A statement by the group called Major Hussein Shanoun an ''apostate" and said he confessed to taking part in attacks against insurgents on orders of the Americans.

Just before his death, the victim was shown warning Iraqi soldiers and police soldiers against ''dealing with the infidel troops," meaning the Americans.

In another video, aired yesterday on Al-Jazeera television, a previously unknown group calling itself the Brigades of Iraq's Honorables said it beheaded three Iraqi National Guards, accusing them of spying for the Americans.

The broadcast showed three men holding up what appeared to be army identification cards sitting in front of a hooded man who read a statement.

The video also showed the beheading of the three men, but the network declined to air that footage, the Al-Jazeera newscaster said.

In Jordan, a government spokeswoman said four Jordanian drivers were kidnapped in Iraq and two others were shot at by unknown assailants.

The spokeswoman, Asma Khader, gave no details of the abductions but said two other Jordanians came under fire in the Ramadi area in central Iraq -- a stronghold of Sunni Muslim militants.
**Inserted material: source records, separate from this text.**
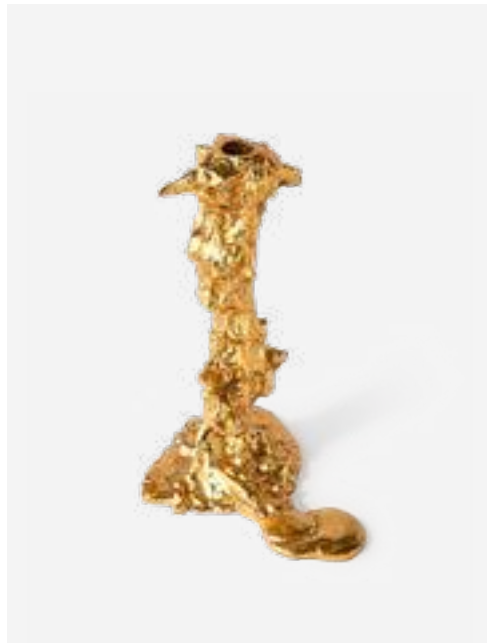

390-225-134

MOQ: 4 Pieces

Drip Candle Holder - L

Colour: Gold
Materials: Metal
Dimensions: L11 x W18 x H25 cm
Designer: Pascal Smelik

Insurgents have stepped up attacks on Iraq's US-trained security forces, who the Americans hope will assume greater responsibility to enable Washington to begin drawing down its forces -- now at their highest levels since the summer of 2003.

More than 85 percent of the estimated 165,700 multinational troops here are Americans, despite US efforts to encourage other countries to share the burden of securing and rebuilding Iraq.

Yesterday, Hungary's prime minister said the country will withdraw its 300 noncombat troops by the end of March. Hungary had agreed to extend their deployment from an original deadline of Dec. 31 so they could help maintain security during elections in January.

Elsewhere, attackers fired a mortar round yesterday at an Iraqi National Guard checkpoint in Najaf's old city, injuring two soldiers, Lieutenant Haidar Hussein said. It was the first such attack in the center of the Shi'ite holy city since a peace agreement last August ended weeks of fighting between US troops and Shi'ite militiamen.

In Samarra, 60 miles north of Baghdad, residents said US soldiers clashed with gunmen yesterday in the city center.

Four Iraqis were killed and two injured, said Ahmed Jadour of the Samarra General Hospital.

A statement distributed yesterday in Samarra warned Iraqis against turning in weapons to the Americans.